Scan the lines below for "Wienersprosse"; report the number of lines that contain it, and only that.

── ENTRIES SHOWN

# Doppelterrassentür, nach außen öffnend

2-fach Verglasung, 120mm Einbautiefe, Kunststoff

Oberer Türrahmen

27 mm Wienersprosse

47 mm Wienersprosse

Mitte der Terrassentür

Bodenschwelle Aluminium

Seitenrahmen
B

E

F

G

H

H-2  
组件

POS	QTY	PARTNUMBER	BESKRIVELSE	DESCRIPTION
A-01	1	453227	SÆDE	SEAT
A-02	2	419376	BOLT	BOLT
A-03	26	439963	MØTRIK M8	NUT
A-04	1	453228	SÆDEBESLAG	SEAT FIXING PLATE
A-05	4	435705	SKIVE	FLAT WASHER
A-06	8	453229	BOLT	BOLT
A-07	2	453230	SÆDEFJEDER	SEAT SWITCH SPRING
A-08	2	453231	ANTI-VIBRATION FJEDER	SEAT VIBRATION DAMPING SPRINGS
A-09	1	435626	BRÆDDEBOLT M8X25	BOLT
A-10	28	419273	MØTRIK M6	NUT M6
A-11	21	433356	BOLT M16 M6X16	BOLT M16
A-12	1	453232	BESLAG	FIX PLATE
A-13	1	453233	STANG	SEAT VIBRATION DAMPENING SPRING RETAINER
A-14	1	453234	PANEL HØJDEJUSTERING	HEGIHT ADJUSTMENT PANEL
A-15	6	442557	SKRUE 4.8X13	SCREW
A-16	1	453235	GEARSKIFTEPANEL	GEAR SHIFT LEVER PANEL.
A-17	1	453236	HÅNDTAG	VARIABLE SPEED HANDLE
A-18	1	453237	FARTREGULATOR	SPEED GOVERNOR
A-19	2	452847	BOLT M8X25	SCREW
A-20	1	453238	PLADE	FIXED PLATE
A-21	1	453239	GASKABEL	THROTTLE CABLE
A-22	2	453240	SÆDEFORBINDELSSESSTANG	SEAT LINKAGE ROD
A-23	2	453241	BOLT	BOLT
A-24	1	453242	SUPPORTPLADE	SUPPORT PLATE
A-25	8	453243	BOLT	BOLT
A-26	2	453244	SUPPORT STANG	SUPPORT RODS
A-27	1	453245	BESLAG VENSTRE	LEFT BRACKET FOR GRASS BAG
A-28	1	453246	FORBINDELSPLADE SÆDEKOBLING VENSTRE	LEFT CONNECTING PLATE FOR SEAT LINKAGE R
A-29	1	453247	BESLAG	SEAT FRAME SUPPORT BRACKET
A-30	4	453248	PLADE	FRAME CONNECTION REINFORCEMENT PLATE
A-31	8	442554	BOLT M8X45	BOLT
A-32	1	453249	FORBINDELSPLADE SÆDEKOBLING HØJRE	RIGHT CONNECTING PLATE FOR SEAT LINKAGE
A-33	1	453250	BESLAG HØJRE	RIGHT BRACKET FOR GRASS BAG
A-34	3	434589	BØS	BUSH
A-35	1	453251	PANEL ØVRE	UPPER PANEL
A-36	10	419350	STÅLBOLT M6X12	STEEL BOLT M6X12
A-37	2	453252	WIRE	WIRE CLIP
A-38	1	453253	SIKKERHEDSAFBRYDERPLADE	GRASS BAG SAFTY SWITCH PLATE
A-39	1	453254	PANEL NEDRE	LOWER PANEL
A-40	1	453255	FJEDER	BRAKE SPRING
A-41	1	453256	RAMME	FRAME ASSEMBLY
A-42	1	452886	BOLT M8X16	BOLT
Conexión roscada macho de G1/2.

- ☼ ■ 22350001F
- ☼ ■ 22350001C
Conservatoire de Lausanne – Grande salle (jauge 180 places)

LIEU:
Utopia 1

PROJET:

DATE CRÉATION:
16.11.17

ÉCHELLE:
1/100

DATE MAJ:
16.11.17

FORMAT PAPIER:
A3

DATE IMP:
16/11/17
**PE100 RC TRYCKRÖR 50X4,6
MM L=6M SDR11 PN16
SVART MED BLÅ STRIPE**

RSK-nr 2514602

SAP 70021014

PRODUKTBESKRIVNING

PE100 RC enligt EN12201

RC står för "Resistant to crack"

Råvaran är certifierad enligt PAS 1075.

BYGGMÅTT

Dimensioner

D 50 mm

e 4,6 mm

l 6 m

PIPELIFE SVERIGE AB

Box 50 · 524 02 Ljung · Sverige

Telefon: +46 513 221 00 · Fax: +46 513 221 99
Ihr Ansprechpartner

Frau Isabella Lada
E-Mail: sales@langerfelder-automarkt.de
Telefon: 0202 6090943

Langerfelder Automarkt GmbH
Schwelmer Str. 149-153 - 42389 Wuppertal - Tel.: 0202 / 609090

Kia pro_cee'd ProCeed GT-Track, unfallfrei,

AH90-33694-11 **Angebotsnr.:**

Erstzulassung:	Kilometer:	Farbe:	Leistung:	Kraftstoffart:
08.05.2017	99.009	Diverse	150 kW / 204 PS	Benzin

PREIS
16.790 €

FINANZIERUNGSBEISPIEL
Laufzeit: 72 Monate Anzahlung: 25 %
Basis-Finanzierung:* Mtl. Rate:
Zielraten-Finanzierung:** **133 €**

────

OUTPUT: 2